**About this exercise:** From the entries below, please output exactly the lines starting at the one containing "礼金 **77,000 円**" and ending at the one containing "U-NEXT動画コンテンツ視聴無料特典付き☆ オール電化", both included.

**Given entries:**
******

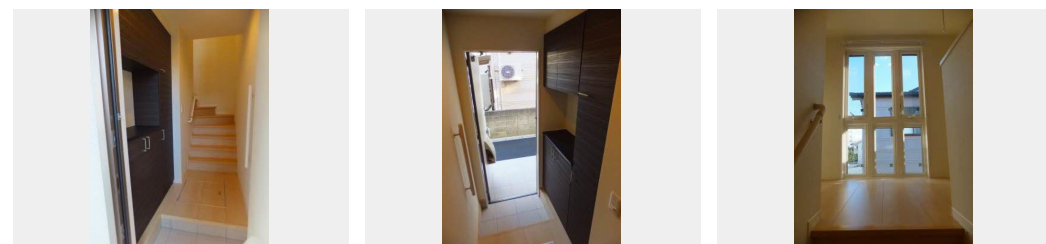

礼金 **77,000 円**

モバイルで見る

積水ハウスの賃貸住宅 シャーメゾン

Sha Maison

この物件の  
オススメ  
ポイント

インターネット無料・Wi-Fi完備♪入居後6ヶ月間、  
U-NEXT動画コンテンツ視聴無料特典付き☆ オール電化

******

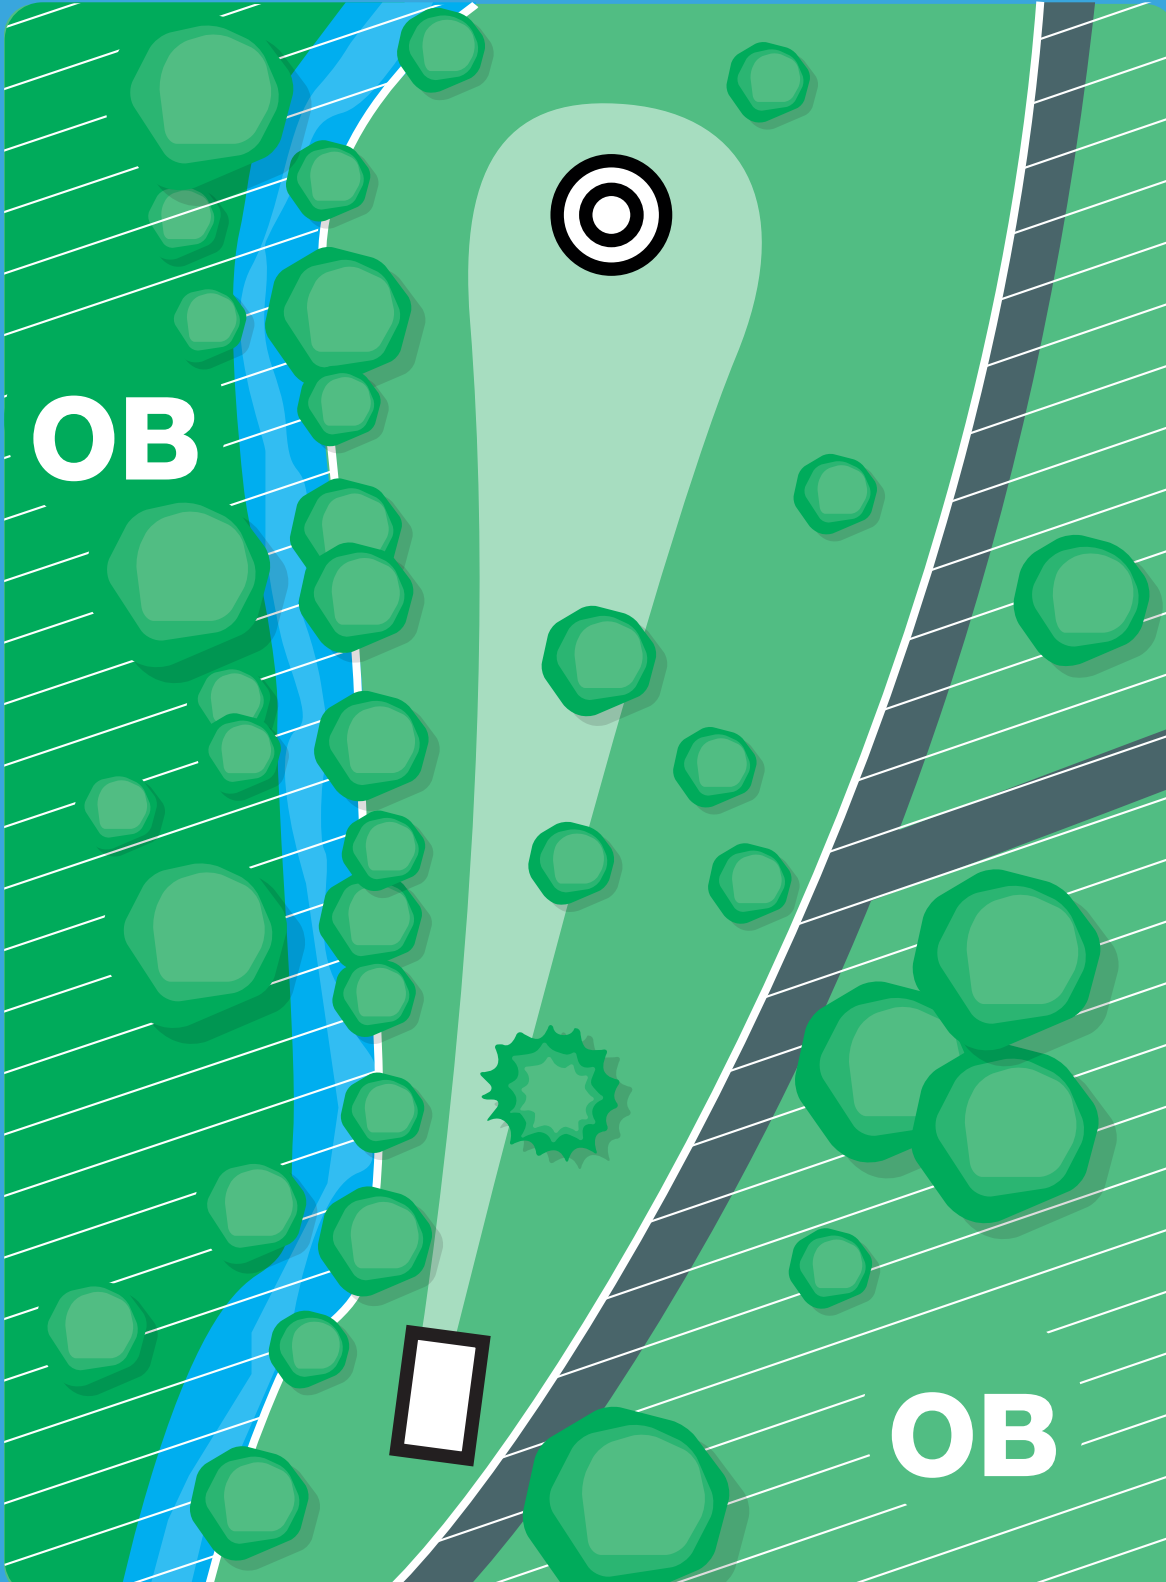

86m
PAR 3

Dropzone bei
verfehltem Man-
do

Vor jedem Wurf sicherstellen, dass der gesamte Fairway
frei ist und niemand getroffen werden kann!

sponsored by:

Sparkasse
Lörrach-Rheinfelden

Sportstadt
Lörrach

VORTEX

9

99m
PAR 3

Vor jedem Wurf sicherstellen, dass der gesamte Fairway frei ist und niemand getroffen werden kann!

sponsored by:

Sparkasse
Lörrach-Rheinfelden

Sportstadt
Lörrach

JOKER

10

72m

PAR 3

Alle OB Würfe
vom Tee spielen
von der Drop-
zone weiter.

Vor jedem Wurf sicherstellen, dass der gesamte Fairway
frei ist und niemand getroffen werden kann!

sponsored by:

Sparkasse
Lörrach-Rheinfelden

******

**Exercise result:**
礼金 **77,000 円**

モバイルで見る

積水ハウスの賃貸住宅 シャーメゾン

Sha Maison

この物件の  
オススメ  
ポイント

インターネット無料・Wi-Fi完備♪入居後6ヶ月間、  
U-NEXT動画コンテンツ視聴無料特典付き☆ オール電化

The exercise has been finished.